▶ [Problem to solve] Report each line of the records below that uses the word "SHOCK".

▶ [Dataset records]
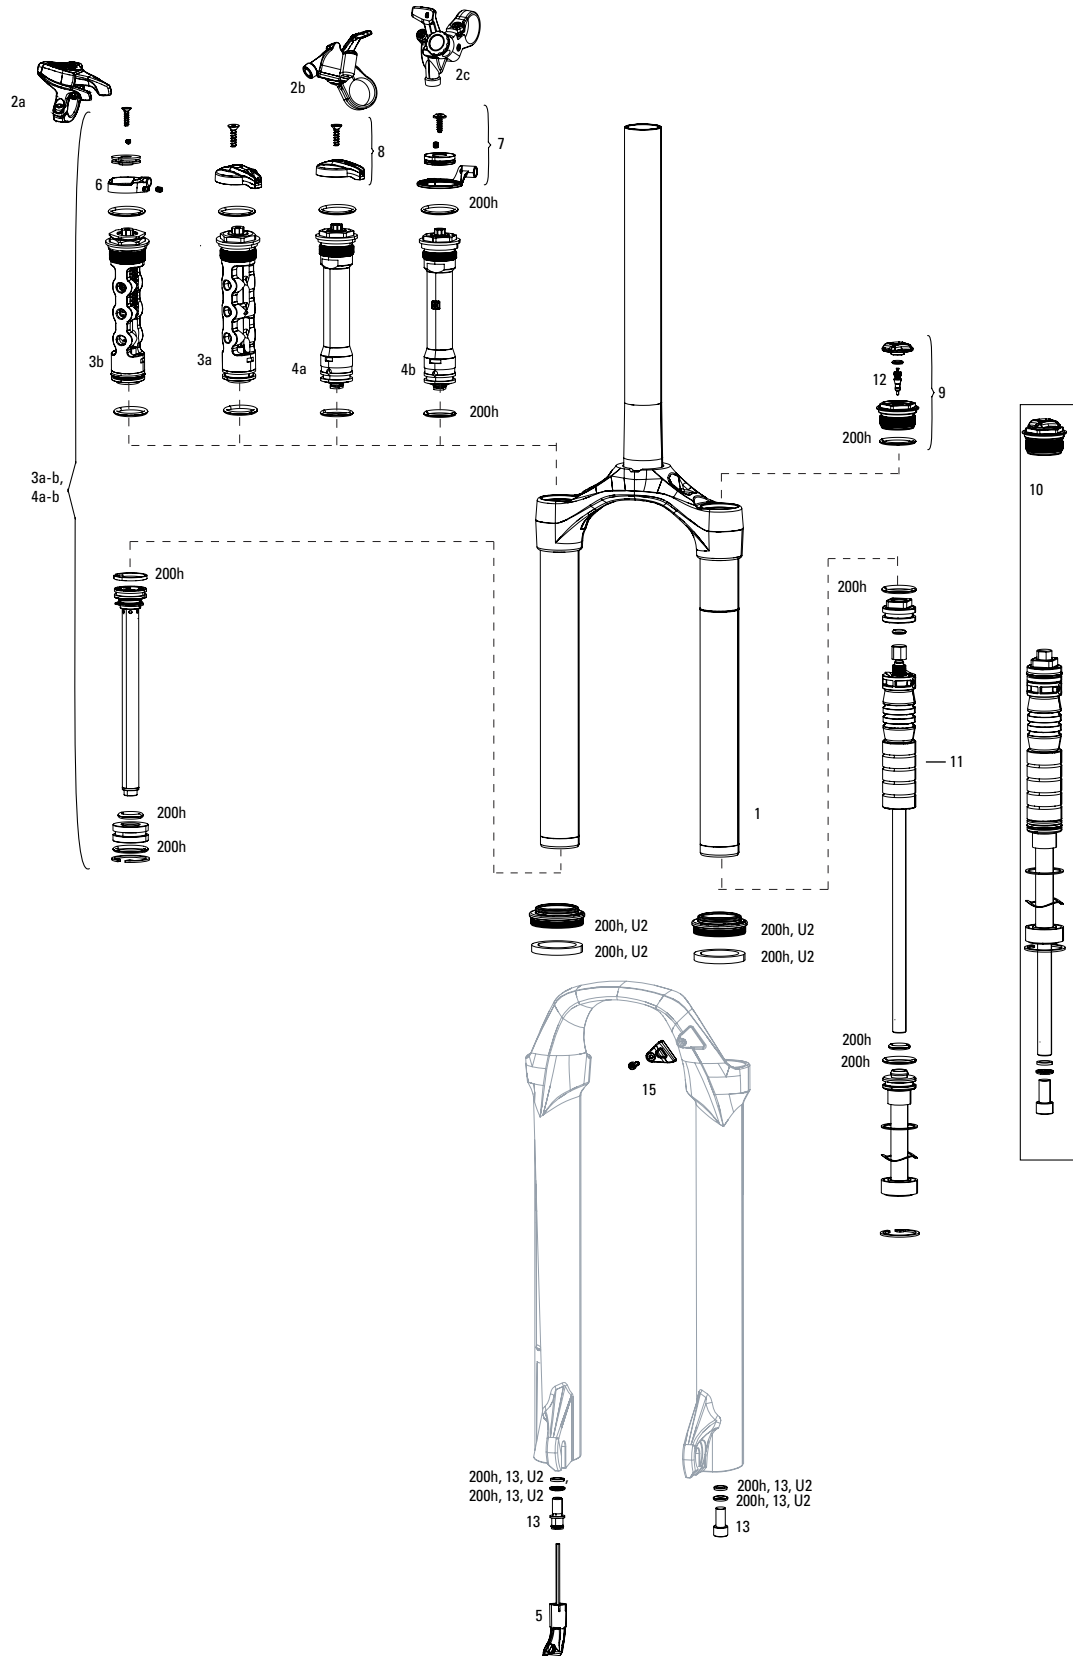

UPGRADES	
U	00.4318.045.000 FORK DUST WIPER UPGRADE KIT - 30MM BLACK FLANGED LOW FRICTION SEALS (INCLUDES DUST WIPERS, 5MM & 10MM FOAM RINGS) - XC30/30GOLD/30SILVER/PARAGON/PSYLO/DUKE
SERVICE	
200h	00.4315.032.649 200 HOUR/1 YEAR SERVICE KIT (INCLUDES DUST SEALS, FOAM RINGS, O-RING SEALS) - 30 GOLD AND SILVER (2018+)
DAMPER INTERNALS	
1	11.4018.033.002 FORK REBOUND DAMPER KNOB KIT - (INCLUDES ADJUSTER KNOB) 29" - XC30A1-A3/30 GOLD A1+/JUDY GOLD A1+/30 SILVER A1, SEKTOR SILVER A1+/RECON A1+
2	11.4308.848.000 REMOTE - POPLOC LEFT 17MM CABLE PULL - RL (PRE-2013) & ALL TK DAMPERS, (NOT COMPATIBLE WITH 2013+ MOCO)
2	11.4309.207.000 REMOTE - POPLOC RIGHT 17MM CABLE PULL - RL (PRE-2013) & ALL TK DAMPERS
na	11.4308.849.000 REMOTE - POPLOC LEFT ADJUSTABLE 17MM CABLE PULL (NOT COMPATIBLE WITH 2013+ MOCO RL) - RL (PRE-2013) & TK DAMPERS
na	11.4309.208.000 REMOTE - POPLOC RIGHT ADJUSTABLE 17MM CABLE PULL (NOT COMPATIBLE WITH 2013+ MOCO RL) - RL (PRE-2013) & TK DAMPERS
3	11.4015.536.010 FORK COMPRESSION DAMPER KNOB KIT - REMOTE 17MM (POPLOC, PRE-2013 PUSHLOC) (INCLUDES SPOOL & CLAMP)- XC30/30 GOLD/30 SILVER/JUDY SILVER (NONBOOST)/JUDY B1/JUDY GOLD (NON BOOST)
4	11.4015.461.050 FORK COMPRESSION DAMPER KNOB KIT - CROWN TURNKEY - RECON/SEKTOR/30 GOLD/30 SILVER/XC32/XC30 A1-A3
5a	11.4018.009.035 FORK DAMPER ASSEMBLY - REMOTE 17MM (POPLOC, PRE-2013 PUSHLOC) 26 29 100MM (INCLUDES RIGHT SIDE INTERNALS) - XC30 A1-A3/30 SILVER A1
5a	11.4018.009.037 FORK DAMPER ASSEMBLY - REMOTE 17MM (POPLOC, PRE-2013 PUSHLOC) 27.5 80-100MM (INCLUDES RIGHT SIDE INTERNALS) - XC30 A1-A3/30 SILVER A1
5a	11.4018.009.064 FORK DAMPER ASSEMBLY - REMOTE 17MM (POPLOC, PRE-2013 PUSHLOC) TURNKEY 26 SOLO AIR 80-100 (INCLUDES RIGHT SIDE INTERNALS) - XC30 A1
5b	11.4018.009.034 FORK DAMPER ASSEMBLY - CROWN TURNKEY 26/29 100MM (INCLUDES RIGHT SIDE INTERNALS) - XC30 A1-A3/30 SILVER A1
5b	11.4018.009.036 FORK DAMPER ASSEMBLY - CROWN TURNKEY 27.5 80-100 (INCLUDES RIGHT SIDE INTERNALS) - XC30 A1-A3/30 SILVER A1
5b	11.4018.009.063 FORK DAMPER ASSEMBLY - CROWN TURNKEY 26 SOLO AIR 80-100 CROWN ADJUST (INCLUDES RIGHT SIDE INTERNALS) - XC30 A1
SPRING INTERNALS	
6	11.4015.538.010 FORK SPRING COIL - X-SOFT (SILVER) 100MM-26 (INCLUDES TOP CAP & ADJUSTER KNOB) - XC30 A1-A3/30 SILVER A1-A2
6	11.4015.538.020 FORK SPRING COIL - SOFT (YELLOW) 100MM-26 (INCLUDES TOP CAP & ADJUSTER KNOB) - XC30 A1-A3/30 SILVER A1-A2-A2
6	11.4015.538.040 FORK SPRING COIL - FIRM (BLUE) 100MM-26 (INCLUDES TOP CAP & ADJUSTER KNOB) - XC30 A1-A3/30 SILVER A1-A2
6	11.4015.538.050 FORK SPRING COIL - X-FIRM (BLACK) 100MM-26 (INCLUDES TOP CAP & ADJUSTER KNOB) - XC30 A1-A3/30 SILVER A1-A2
6	11.4018.010.092 FORK SPRING COIL - X-SOFT (SILVER) 100MM-XC30 27.5 A1-A3/30SILVER 27.5/29 A1
6	11.4018.010.096 FORK SPRING COIL - X-FIRM (BLACK) 100MM-27 100MM - XC30 27.5 A1-A3/30 SILVER 27.5/29 A1
7	11.4018.010.097 FORK SPRING SOLO AIR ASSEMBLY - 100MM-27.5 (INCLUDES TOP CAP, AIR PISTON, SHAFT BOLT)- XC3027.5 A1-A3/30 SILVER 27.5/29 A1
7	11.4018.010.149 FORK SPRING SOLO AIR ASSEMBLY - 80MM-27.5/29 (INCLUDES TOP CAP, AIR PISTON, SHAFT BOLT) - XC30 A1-A3/30 SILVER A1-A2
8	11.4018.034.000 FORK SPRING TRAVEL SPACERS - SOLO AIR (USED TO CHANGE TRAVEL) - RECON/RECON BOOST, 30 GOLD/SILVER, XC 32/30, PARAGON, SEKTOR SILVER, 35G/JUDY G
9	11.4309.336.000 FORK SPRING COIL ISOLATOR KIT - (INCLUDES 3 HEAT-SHRINK COIL TUBES) REDUCES NOISE AND CHATTER
ns	11.4018.010.098 FORK SPRING SOLO AIR ASSEMBLY - 120MM-27.5 (INCLUDES TOP CAP, AIR PISTON, SHAFT BOLT)- XC30 27.5 A1-A3/30 SILVER 27.5/29 A1
ns	11.4018.010.151 FORK SPRING SOLO AIR ASSEMBLY - 100MM-26 (INCLUDES TOP CAP, AIR PISTON, SHAFT BOLT) - XC30 A1-A3/30 SILVER A1-A2
SPARES	
10	11.4307.469.000 FORK BRAKE POST KIT - STEEL (QTY 2)
11	11.4018.028.006 FORK DUST WIPER KIT - 30MM BLACK (INCLUDES FLANGED DUST WIPERS & 5MM FOAM RINGS) - XC30/30GOLD/30 SILVER/PARAGON
12	11.4015.534.010 FORK HOSE CLAMP - PIKE/LYRIK/YARI/SID/REVELATION/BOXXER/XC30/30G/30S/RECON/SEKTOR/BLUTO/REBA/35G/35S
13	11.4310.465.000 FORK SHAFT FASTENER KIT - (INCLUDES SHAFT BOLTS & CRUSH WASHERS)
bulk	11.4015.259.000 FORK CRUSH WASHERS - 8MM (QTY 50)
bulk	11.4015.260.000 FORK CRUSH WASHER RETAINER - 8MM (QTY 50)
bulk	11.4018.028.007 FORK DUST WIPER KIT - 30MM BLACK (INCLUDES FLANGED DUST WIPERS) (QTY 20) - XC30/30 GOLD/30 SILVER/PARAGON
bulk	11.4018.028.008 FORK FOAM RING KIT - 30MM X 5MM (QTY 20) - XC30/30 GOLD/30 SILVER
TOOLS/GREASE/FLUIDS	
ns	00.4318.030.000 FORK LOWER LEG DUST SEAL INSTALLATION TOOL 30MM (FOR FLANGELESS AND FLANGED DUST SEALS)
ns	00.4315.023.010 HIGH-PRESSURE FORK/SHOCK PUMP (300 PSI MAX) ROCKSHOX
ns	00.4315.022.010 REAR SHOCK SCHRADER VALVE REMOVAL TOOL ROCKSHOX
ns	11.4315.021.020 ROCKSHOX SUSPENSION OIL, 5WT, 120ML BOTTLE - FORK DAMPER
ns	11.4015.354.010 ROCKSHOX SUSPENSION OIL, 5WT, 1 LITER BOTTLE - FORK DAMPER
ns	11.4315.021.040 ROCKSHOX SUSPENSION OIL, 15WT, 120ML BOTTLE - LOWER LEGS
ns	11.4015.354.030 ROCKSHOX SUSPENSION OIL, 15WT, 1 LITER BOTTLE - LOWER LEGS
ns	00.4318.008.000 GREASE SRAM BUTTER 20ML SYRINGE, FRICTION REDUCING GREASE BYSLICKOLEUM - DOUBLE TIME HUB PAWLS, FORKS & REVERB SERVICE
ns	00.4318.008.001 GREASE SRAM BUTTER 10Z CONTAINER, FRICTION REDUCING GREASE BY SLICKOLEUM - DOUBLE TIME HUB PAWLS, FORKS & REVERB SERVICE

30 GOLD TK/RL A1-A2 (2016-2020)

Note:

1. 200H service kits include replaceable o-rings, glide rings, crush washers, crush washer retainers and wiper seals.
2. Decal and Maxle pages can be found in back of the catalog.

▶ [Output for this task]
ns	00.4315.023.010 HIGH-PRESSURE FORK/SHOCK PUMP (300 PSI MAX) ROCKSHOX
ns	00.4315.022.010 REAR SHOCK SCHRADER VALVE REMOVAL TOOL ROCKSHOX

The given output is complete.